= Lynn August =

American zydeco accordionist (1948–2025)

Joseph Leonard August Jr. (August 7, 1948 – February 12, 2025), known professionally as Lynn August, was an American zydeco accordionist, keyboard player, singer and bandleader.

==Life and career==
August was born in Lafayette, Louisiana on August 7, 1948. Though sometimes said to have been blind from birth, his own recollection is of having some sight until about the age of four. He attended the Louisiana State School for the Blind in Baton Rouge, and grew up listening to zydeco music, including that of his uncle Claude Duffy, an accordion player. He began playing drums and occasionally sang with Duffy's band, and at the age of 11 played percussion with the singer Esquerita, who suggested that he learn keyboards. He performed around New Orleans for about three years with Esquerita, who encouraged him to consider a solo career, and also played drums in the early 1960s with Stanley "Buckwheat" Dural.
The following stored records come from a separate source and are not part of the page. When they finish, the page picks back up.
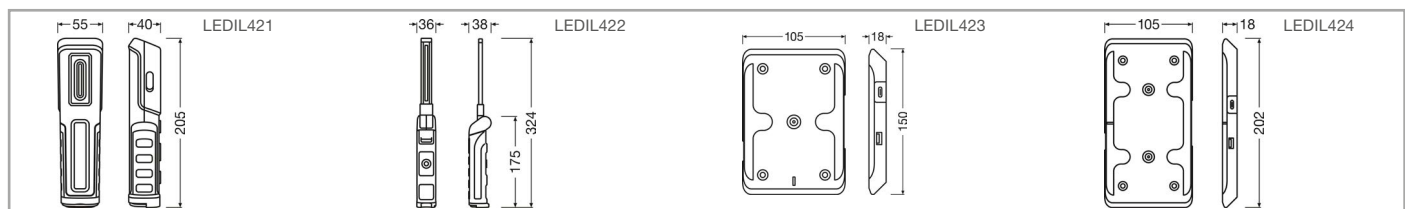

LEDinspect® DUAL CHARGE PAD – LEDIL424

Vlastnosti

- Možnost bezdrátového nabíjení
- Dvě dobíjecí místa
- Funkce sériového zapojení
- Různé možnosti montáže
- Výkonné magnety

Výhody

- Pozitivní přímé bezdrátové připojení pro nabíjení
- Možnost dobíjení dvou svítilen na jedné podložce
- Možnost propojení s další podložkou (single nebo duo) pro nabíjení dalších svítilen
- Lze připevnit na stěnu nebo kovový povrch
- Inspekční svítlna na podložce dobře drží

DETAILY PRODUKTU

TECHNICKÉ ÚDAJE

Název produktu	Označení pro objednávku	EAN10	W	V	K	Barva světla	lm	IP	IK	Typ baterie	Hmotnost baterie [g]	Typ balení	Rozměry produktu (výška x šířka x hloubka) [mm]	Rozměry krabičky (výška x šířka x hloubka) [mm]	Záruka [roky] ¹⁾
LEDinspect WIRE-FREE PRO 600	LEDIL421	4062172393126	5	2	5700	bílá	600	IP65	IK08	Lithium ion 2600mAh	1 x 48	závěsná krabička	205 x 55 x 40	220 x 75 x 50	2
LEDinspect WIRE-FREE SLIM 600	LEDIL422	4062172393140	5	2	5700	bílá	600	IP65	IK08	Lithium ion-2600mAh	1 x 48	závěsná krabička	324 x 36 x 38	180 x 65 x 45	2
LEDinspect SINGLE CHARGE PAD	LEDIL423	4062172393164	N/A	220	N/A	N/A	N/A	IP20	IK08	N/A	N/A	závěsná krabička	150 x 105 x 18	160 x 145 x 25	2
LEDinspect DUAL CHARGE PAD	LEDIL424	4062172393188	N/A	220	N/A	N/A	N/A	IP20	IK08	N/A	N/A	závěsná krabička	202 x 105 x 18	210 x 145 x 25	2

As a pianist, Hammond organist and singer, August performed solo in clubs and restaurants, and recorded his first single, "Little Red Rooster," for the local Tamm label in 1966. For two years, he led a band in local clubs, until a bar brawl led to him returning to solo work in clubs around 1970. He also led a church choir. In 1978, he was recruited to play organ in accordionist Marcel Dugas' band. Recognizing the growing popularity of zydeco music, he bought an accordion and in the 1980s formed his own band, the Hot August Knights. He played shows and festivals, and recorded his first album, Zydeco Groove, in 1988. He released further albums on the Maison de Soul and Black Top labels in the early 1990s, including Creole Cruiser (1992) and Sauce Piquante (1993). A feature of his performances and recordings has been the adoption of the Creole style of "juré", with a cappella group singing, clapping and dancing, as recorded by Alan Lomax on his field recordings in the 1930s. He toured Europe in 1994.

In the mid-1990s, August formed his own company, Touch Tech, designing and selling computers for visually impaired people. He had open heart surgery in 1998, but continued to perform and record thereafter, releasing the album Legends Making Memories, with Willie-Tee Trahan and the band Cypress, in 2012. He died on February 12, 2025, at the age of 76.